Home Drug Guide Filgrastim-ayow

Drug Guide

Generic Name

Filgrastim-ayow

Brand Names Releuko

Classification

Therapeutic: Colony-stimulating factor, Hematopoietic agent

Pharmacological: G-CSF (Granulocyte colony-stimulating factor)

FDA Approved Indications

Reduce the incidence of febrile neutropenia in patients with non-myeloid malignancies receiving myelosuppressive chemotherapy
Manage neutropenia occurring after bone marrow transplantation

Mechanism of Action

Filgrastim-ayow is a recombinant DNA granulocyte colony-stimulating factor that stimulates the proliferation, differentiation, and activation of neutrophil precursors in the bone marrow, leading to increased neutrophil counts.

Dosage and Administration

Adult: Dose varies based on clinical indication; typically 5 mcg/kg/day subcutaneously or intravenously, adjusted according to neutrophil count and patient response.

Pediatric: Dose is usually 5 mcg/kg/day subcutaneously; adjustments based on clinical response.

Geriatric: Same as adults; monitor for secondary effects, especially in older patients.

Renal Impairment: Use with caution; adjust dose if necessary, as pharmacokinetics may be altered.

Hepatic Impairment: No specific adjustments recommended.

Pharmacokinetics

Absorption: Rapid absorption after subcutaneous injection.
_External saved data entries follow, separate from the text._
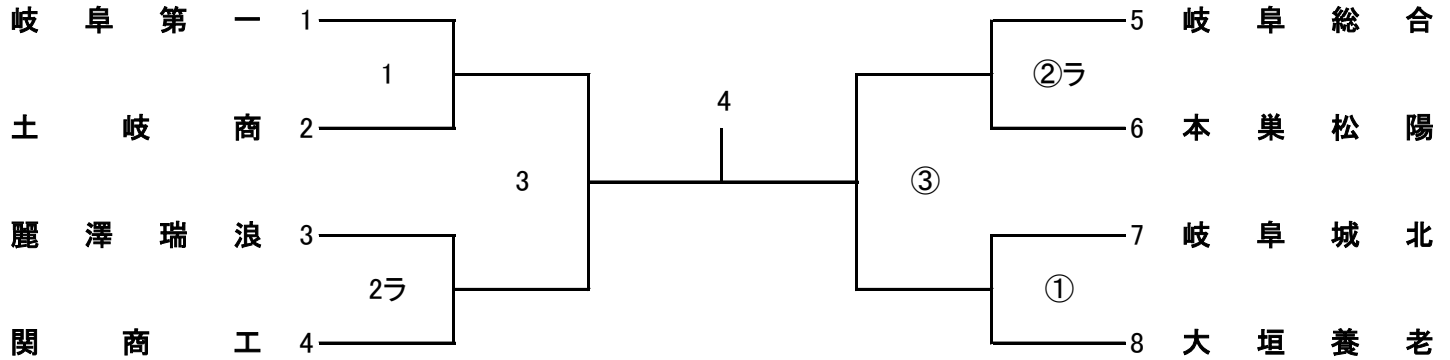

平成30年度 第12回 県高校スプリングチャレンジカップ

男子1部A

会場: 大垣商

練習時間	8:30	～	8:50	第2試合のチーム
	8:50	～	9:10	第1試合のチーム
	9:15	～	開始式	9:40 ～試合開始

平成30年度 第12回 県高校スプリングチャレンジカップ

男子1部B

会場: 岐阜工

練習時間	8:30	～	8:50	第2試合のチーム
	8:50	～	9:10	第1試合のチーム
	9:15	～	開始式	9:40 ～試合開始

平成30年度 第12回 県高校スプリングチャレンジカップ

女子1部A

会場: 岐阜城北

練習時間	8:30	～	8:50	第2試合のチーム
	8:50	～	9:10	第1試合のチーム
	9:15	～	開始式	9:40 ～試合開始

平成30年度 第12回 県高校スプリングチャレンジカップ

女子1部B

会場： 益田清風(あさぎり体育館)

練習時間	8:30	～	8:50	第2試合のチーム
	8:50	～	9:10	第1試合のチーム
	9:15	～	開始式	9:40 ～試合開始
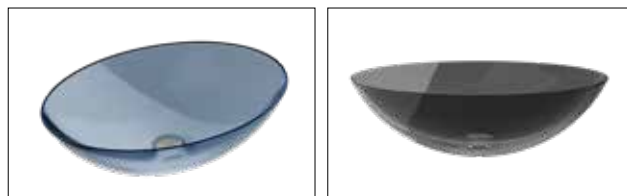

NOVINKA

ZÁRUKA 5 LET

ANYA

Oválné umyvadlo na desku **ANYA**, které jsou vyrobené ze **syntetické pryskyřice** se vyznačují **průhledností materiálu** a dokonale hladkým povrchem. Směs pryskyřice s vybranými pigmenty **probarvující hmotu [zelená, modrá, černá a hnědá barva]**, ze které jsou výrobky odlévány, umožňuje vytvářet modely s velmi tenkými hranami, které si v koupelně zachovávají svou funkčnost. Výhodou je velmi **snadná instalace**.

- Výpusť click-clack chrom bez přeřadu v ceně umyvadla

materiál: ResiCast (syntetická pryskyřice)

barva: černá, hnědá, modrá a zelená

kód	rozměr	barva	cena Kč/€
KEANYA50B	50 × 35 × 15 cm	černá	13 890 Kč/556 €*
KEANYA50H	50 × 35 × 15 cm	hnědá	13 890 Kč/556 €*
KEANYA50M	50 × 35 × 15 cm	modrá	13 890 Kč/556 €*
KEANYA50Z	50 × 35 × 15 cm	zelená	13 890 Kč/556 €*

Sifon click-clack

Barevné provedení

Distribution: Widely distributed; volume of distribution approximately 3.7 L.

Metabolism: cleared primarily by proteolytic enzymes and receptor-mediated clearance.
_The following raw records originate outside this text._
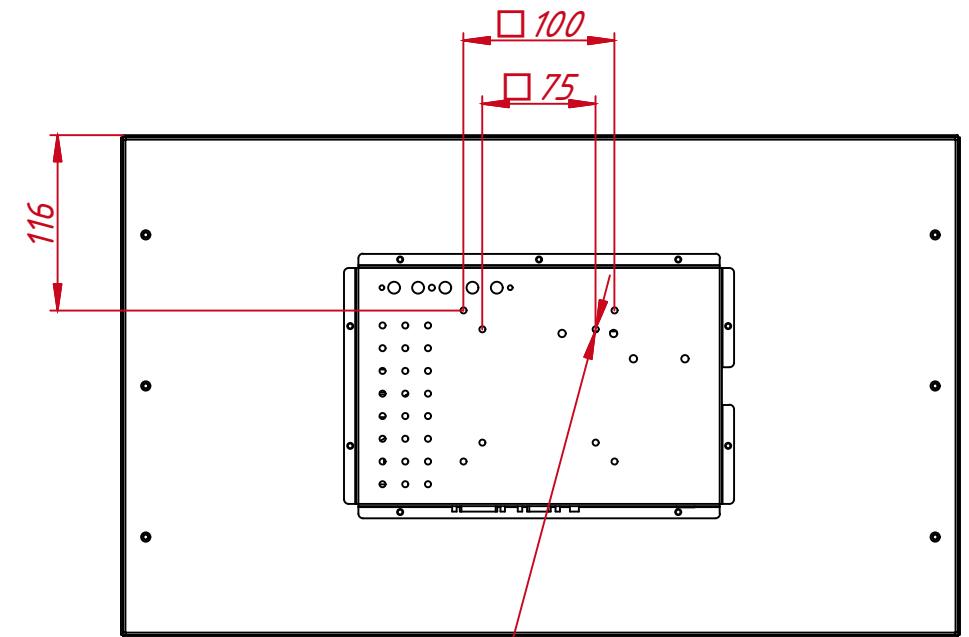

TGM23RPE

A-A (4:5)

M4x4 отв. для VESA
(максимальная глубина
резьбового отверстия 4 мм)

M4x16 отв. (на каждом торце
по четыре отверстия),
максимальная глубина
резьбового отверстия 4 мм

					TGM23RPE			
Изм.	Лист	№ докум.	Подп.	Дата	Встраиваемый проекционно-ёмкостный монитор Open Frame, КТ-серия монтажный чертёж	Лит.	Масса	Масштаб
Разраб.		TouchGames		9.11.2019			7,7	1:5
Пров.						Лит	Листов	1
Т. контр.						ООО «ТачГейм»		
Нач.отд.								
Н. контр.								
Утв.

Excretion: Excreted unchanged in urine.

Half Life: Approximately 3.5 hours.

Contraindications

Hypersensitivity to filgrastim or other PEG-filgrastim products.

Precautions

Use with caution in patients with sickle cell anemia (risk of sickling crises), myelodysplastic syndrome, or blast-crisis in chronic myeloid leukemia. Monitor for splenic enlargement or rupture.

Adverse Reactions - Common

Bone pain (Common)
Arthralgia, myalgia (Common)
Injection site reactions (Common)

Adverse Reactions - Serious

Splenic rupture (Rare)
Acute respiratory distress syndrome (ARDS) (Rare)
S pleen enlargement, pain (Rare)

Drug-Drug Interactions

Chemotherapy agents that cause myelosuppression may have additive effects.
Cyclosporine may increase the risk of hematologic toxicity.

Drug-Food Interactions

N/A

Drug-Herb Interactions

N/A

Nursing Implications

Assessment: Monitor complete blood counts frequently to assess neutrophil response. Watch for signs of splenic enlargement or pain.

Diagnoses:

Risk for infection due to neutropenia.
Pain related to bone marrow stimulation.

Implementation: Administer as prescribed, via subcutaneous injection. Educate patient about reporting signs of spleen enlargement, bone pain, or allergic reactions.

Evaluation: Assess response by monitoring neutrophil counts and infection rates.

Patient/Family Teaching

Report signs of spleen enlargement (left upper quadrant pain, fullness).
Report new or worsening bone pain.
Understand the purpose of therapy and importance of adherence.

Special Considerations

Black Box Warnings:

Splenic rupture is a rare but serious complication; patients should be advised to report any left upper abdominal pain or discomfort.

Genetic Factors: None specified.

Lab Test Interference: May cause transient increase in alkaline phosphatase levels.

Overdose Management

Signs/Symptoms: Bone pain, hypersensitivity, leukocytosis beyond therapeutic levels.

Treatment: Discontinue drug and provide supportive care; monitor blood counts closely.

Storage and Handling

Storage: Store in a refrigerator at 2°C to 8°C. Do not freeze.

Stability: Stable until the expiration date on the package.